Read through the data, and wherever a line holds the word "литой", write that line out.

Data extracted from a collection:
==================================================

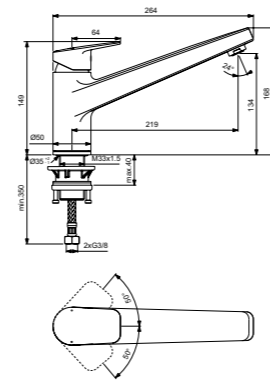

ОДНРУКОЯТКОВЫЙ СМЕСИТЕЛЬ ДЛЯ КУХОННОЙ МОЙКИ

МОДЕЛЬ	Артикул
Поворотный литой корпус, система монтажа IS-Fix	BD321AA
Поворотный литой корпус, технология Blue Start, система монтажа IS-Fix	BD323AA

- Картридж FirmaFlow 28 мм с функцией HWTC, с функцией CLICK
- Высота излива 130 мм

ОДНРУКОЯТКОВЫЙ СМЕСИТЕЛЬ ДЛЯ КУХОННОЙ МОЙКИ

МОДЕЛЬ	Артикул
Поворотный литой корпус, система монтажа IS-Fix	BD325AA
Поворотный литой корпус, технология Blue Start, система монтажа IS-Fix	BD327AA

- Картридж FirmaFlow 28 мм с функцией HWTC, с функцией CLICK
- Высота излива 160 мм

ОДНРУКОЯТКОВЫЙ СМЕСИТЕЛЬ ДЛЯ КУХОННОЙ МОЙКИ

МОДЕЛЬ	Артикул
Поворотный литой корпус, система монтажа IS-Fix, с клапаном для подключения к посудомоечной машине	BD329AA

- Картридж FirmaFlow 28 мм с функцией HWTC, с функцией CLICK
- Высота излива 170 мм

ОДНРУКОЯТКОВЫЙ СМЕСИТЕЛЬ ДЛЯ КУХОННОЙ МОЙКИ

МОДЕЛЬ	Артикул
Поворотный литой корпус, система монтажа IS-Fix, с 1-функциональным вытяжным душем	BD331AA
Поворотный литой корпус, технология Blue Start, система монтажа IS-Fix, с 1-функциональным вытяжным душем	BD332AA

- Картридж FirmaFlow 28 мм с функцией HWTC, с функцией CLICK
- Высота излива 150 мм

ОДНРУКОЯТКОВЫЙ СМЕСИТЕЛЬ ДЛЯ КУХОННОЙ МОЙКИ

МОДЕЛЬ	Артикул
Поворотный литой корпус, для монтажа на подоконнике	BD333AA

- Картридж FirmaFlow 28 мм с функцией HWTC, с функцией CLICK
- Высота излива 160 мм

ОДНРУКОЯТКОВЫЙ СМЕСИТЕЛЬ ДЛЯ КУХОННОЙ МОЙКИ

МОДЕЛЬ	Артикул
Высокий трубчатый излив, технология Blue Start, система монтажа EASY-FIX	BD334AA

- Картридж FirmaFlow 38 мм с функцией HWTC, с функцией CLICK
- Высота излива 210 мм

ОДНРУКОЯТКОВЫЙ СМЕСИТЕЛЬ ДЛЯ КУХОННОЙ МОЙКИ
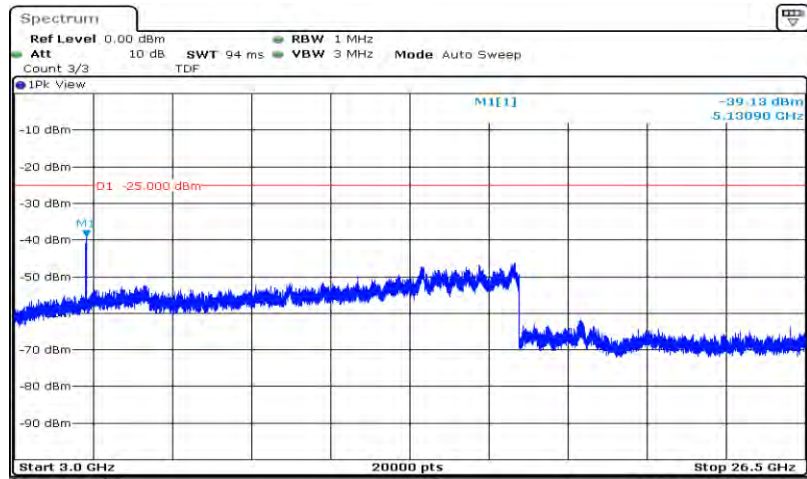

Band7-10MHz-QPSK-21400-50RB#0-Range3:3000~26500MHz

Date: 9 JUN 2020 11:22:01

==================================================

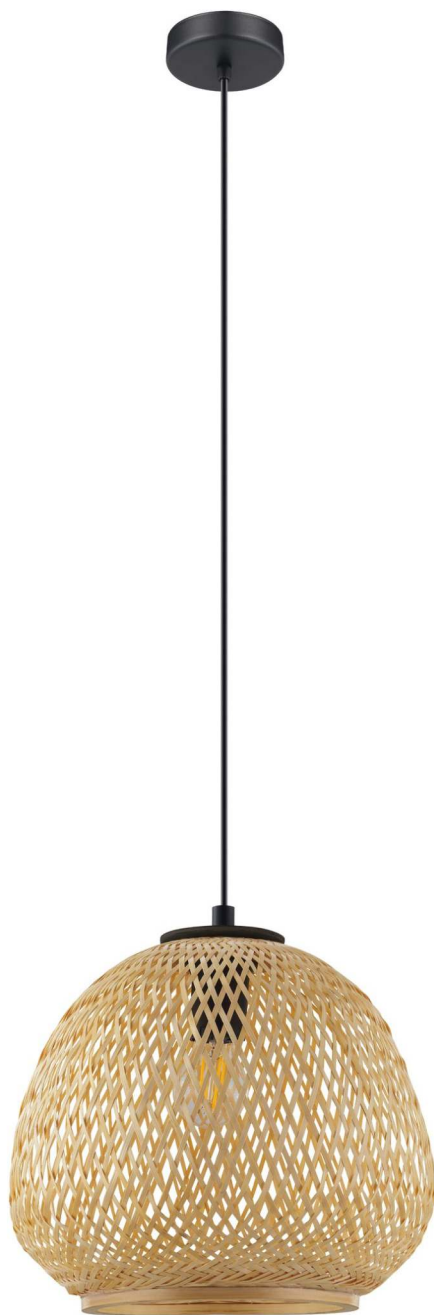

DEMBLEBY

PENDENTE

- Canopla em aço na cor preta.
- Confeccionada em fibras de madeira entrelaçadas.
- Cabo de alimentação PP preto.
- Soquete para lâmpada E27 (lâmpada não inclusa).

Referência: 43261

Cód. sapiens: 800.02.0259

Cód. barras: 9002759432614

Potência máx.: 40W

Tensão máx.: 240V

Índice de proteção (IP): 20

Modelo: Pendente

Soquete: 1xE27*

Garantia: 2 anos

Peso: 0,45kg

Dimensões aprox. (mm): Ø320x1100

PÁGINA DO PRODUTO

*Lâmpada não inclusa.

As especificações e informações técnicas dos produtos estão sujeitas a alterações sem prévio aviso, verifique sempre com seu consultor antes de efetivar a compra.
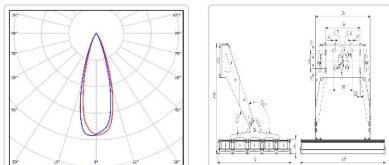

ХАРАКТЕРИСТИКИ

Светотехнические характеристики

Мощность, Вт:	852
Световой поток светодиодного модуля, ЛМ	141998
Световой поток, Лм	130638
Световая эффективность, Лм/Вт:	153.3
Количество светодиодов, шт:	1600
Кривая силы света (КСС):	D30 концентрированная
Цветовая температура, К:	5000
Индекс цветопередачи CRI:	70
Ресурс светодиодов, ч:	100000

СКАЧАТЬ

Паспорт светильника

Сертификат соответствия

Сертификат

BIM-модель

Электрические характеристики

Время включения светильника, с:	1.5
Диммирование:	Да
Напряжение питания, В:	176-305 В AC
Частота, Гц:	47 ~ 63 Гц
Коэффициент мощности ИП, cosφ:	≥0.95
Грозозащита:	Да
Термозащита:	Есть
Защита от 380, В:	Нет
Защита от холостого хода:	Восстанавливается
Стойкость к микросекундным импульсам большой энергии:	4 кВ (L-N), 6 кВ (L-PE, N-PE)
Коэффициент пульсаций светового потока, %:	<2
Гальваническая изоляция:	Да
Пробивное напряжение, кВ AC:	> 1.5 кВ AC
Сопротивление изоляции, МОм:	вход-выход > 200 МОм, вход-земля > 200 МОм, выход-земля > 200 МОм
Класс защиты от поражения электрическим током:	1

==================================================

Response to this task:
Поворотный литой корпус, система монтажа IS-Fix	BD321AA
Поворотный литой корпус, технология Blue Start, система монтажа IS-Fix	BD323AA
Поворотный литой корпус, система монтажа IS-Fix	BD325AA
Поворотный литой корпус, технология Blue Start, система монтажа IS-Fix	BD327AA
Поворотный литой корпус, система монтажа IS-Fix, с клапаном для подключения к посудомоечной машине	BD329AA
Поворотный литой корпус, система монтажа IS-Fix, с 1-функциональным вытяжным душем	BD331AA
Поворотный литой корпус, технология Blue Start, система монтажа IS-Fix, с 1-функциональным вытяжным душем	BD332AA
Поворотный литой корпус, для монтажа на подоконнике	BD333AA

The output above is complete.